What Does It Mean To Build Equity In Your Home?
5 min read
It's fulfilling to say goodbye to your landlord and move into your own home. Homeownership brings independence and privacy. More importantly, homeownership can be the ticket to wealth building that you miss out on as a renter.

Equity is how much of the home that you actually own. This is usually calculated by subtracting what you still owe on your loan balance from the market value of your home.

As a renter, your monthly payments go to your landlord, never to be seen again. However, as a homeowner, your mortgage payments are an investment in your home. This is a significant asset as it contributes to your personal net worth, whether you have a mansion or a mobile home.

Increasing your home equity also means possessing a financial safety net for any expenses that pop up in your future.

For example, the equity in your home can be used as a down payment for another home. You can do this by using your home equity for a home equity loan or home equity line of credit (HELOC), also known as a second mortgage).

A home equity loan is a loan that is secured by your home and is disbursed as a lump sum for the total amount of equity that you have.
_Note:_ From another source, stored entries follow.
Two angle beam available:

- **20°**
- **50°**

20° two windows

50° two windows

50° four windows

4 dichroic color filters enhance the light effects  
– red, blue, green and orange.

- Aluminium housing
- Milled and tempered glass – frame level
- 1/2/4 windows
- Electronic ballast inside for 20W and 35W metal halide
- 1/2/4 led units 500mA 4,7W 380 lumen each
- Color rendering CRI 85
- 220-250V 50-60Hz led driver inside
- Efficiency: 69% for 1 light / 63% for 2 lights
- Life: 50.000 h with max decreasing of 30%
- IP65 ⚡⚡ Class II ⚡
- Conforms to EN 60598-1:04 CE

This means that your home can be taken by the mortgage lender if you default. On the other hand, a HELOC is more like a credit card that accesses the equity in your home.

Why buy a home?

The financial benefits of homeownership over renting are clear. But for first time home buyers in the middle of an affordable housing shortage, owning a home seems aspirational at best and impossible at worst.

If you are looking to avoid the fees that come with private mortgage insurance, you need a down payment that is 20% of the home's cost.
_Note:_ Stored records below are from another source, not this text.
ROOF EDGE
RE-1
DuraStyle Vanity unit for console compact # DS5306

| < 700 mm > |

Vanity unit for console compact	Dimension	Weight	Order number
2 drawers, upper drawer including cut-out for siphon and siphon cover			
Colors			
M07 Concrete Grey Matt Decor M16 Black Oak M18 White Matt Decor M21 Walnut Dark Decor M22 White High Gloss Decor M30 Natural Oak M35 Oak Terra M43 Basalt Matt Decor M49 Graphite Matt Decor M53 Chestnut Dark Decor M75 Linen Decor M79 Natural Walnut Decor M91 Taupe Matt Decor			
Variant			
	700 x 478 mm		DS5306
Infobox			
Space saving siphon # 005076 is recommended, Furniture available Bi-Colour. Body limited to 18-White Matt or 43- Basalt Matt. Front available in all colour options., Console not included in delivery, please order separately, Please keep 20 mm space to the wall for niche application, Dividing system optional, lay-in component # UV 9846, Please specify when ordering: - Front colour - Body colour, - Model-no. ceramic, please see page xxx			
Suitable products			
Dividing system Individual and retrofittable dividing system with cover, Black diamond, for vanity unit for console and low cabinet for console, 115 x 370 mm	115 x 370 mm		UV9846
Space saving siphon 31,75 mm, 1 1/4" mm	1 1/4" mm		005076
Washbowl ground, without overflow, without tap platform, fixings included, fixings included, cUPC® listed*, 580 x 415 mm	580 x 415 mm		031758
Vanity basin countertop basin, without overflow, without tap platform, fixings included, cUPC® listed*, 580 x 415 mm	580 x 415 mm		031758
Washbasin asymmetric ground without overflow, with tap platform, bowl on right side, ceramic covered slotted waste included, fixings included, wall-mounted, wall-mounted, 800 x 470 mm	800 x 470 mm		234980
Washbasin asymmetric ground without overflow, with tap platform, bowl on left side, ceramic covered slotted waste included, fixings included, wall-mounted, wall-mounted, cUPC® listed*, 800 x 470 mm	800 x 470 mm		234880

Fortunately, with the Unison HomeBuyer program, you only need to save up 10% of the down payment—and in some cases, as little as 5%. Unison will pitch in the remaining 10-15% to help you avoid PMI and get a better mortgage rate.

With Unison, there are no monthly payments, and Unison is paid from a portion of your home's appreciated value when you sell in the future, up to 30 years later.
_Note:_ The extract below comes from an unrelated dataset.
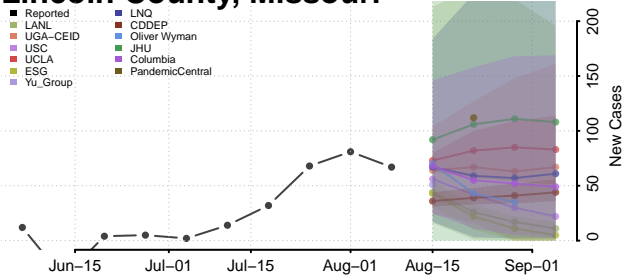

Lincoln County, Missouri

How can I build home equity?

There are two ways to increase your home equity:
  • Increase the property value of your home.
  • Decrease the amount owed on your loan.

How do I increase my property value?

1. Make home improvements.

Upgrading your kitchen counters may feel like a splurge when you're trying to pay off your mortgage, but improvement projects can increase your home's value.

It is just as important to invest in the regular maintenance of your home as it is to remodel or make improvements. A beautiful new kitchen isn't going to do much for your equity if the roof is leaking. Routine repairs aren't very fun, but they are crucial to building equity.

Regular lawn care is also important, especially if you plan on selling your home. Potential buyers are interested in your home's good bones, but curb appeal can seal the deal.

Overall, keeping your home up to date with maintenance and upgrades increases your home's market value, which makes it easier to sell.

2. Get involved in your neighborhood.

Taking an interest in your community is a great way to boost your home's value in the long term. Home buyers are looking for a place to call home, and that includes the community where their real estate is located.

Whether your involvement takes the form of being neighborly or getting involved in your local government, building a coveted community is a great way to boost property values in your neighborhood and create equity in your home.

How do I decrease my debt?

1. Choose a 15-year mortgage over a 30-year mortgage.

Monthly mortgage payments may be higher with a 15-year-mortgage, but the trade-off is a lower interest rate. This means that you will pay less for more equity in the long run. The shorter term also means that you will build equity more quickly. If you already have a 30-year loan, don't sweat!

Refinancing is an option that can be arranged by your mortgage lender.

2. Make extra payments.

If you know that you have a bonus coming in December or always get a crisp $50 from your grandma on your birthday, put it towards your mortgage. Every bit of extra money counts when it comes to paying down your home loan.

If you're living alone with space to spare, renting out a bedroom is a great way to get some extra money to contribute towards your monthly mortgage payment. Being a landlord is not quite as straightforward if you don't plan on living in the home that you own. Lenders generally ask whether your home is being used as a primary residence because the loan is less likely to go into default.

The representations that you make to your lender can affect your interest rate, and can make you liable for fees or penalties if you aren't truthful on the mortgage application.

Occupancy is something mortgage lenders will confirm in person or over the phone, so honesty is always the best option. Your credit score will thank you later.

All in all, increasing your equity and decreasing your debt can be a mostly passive activity. Both will likely happen if you simply keep up with your mortgage payments. But if you take an active approach, you can more quickly maximize your equity and eliminate debt, putting you in a better overall financial position.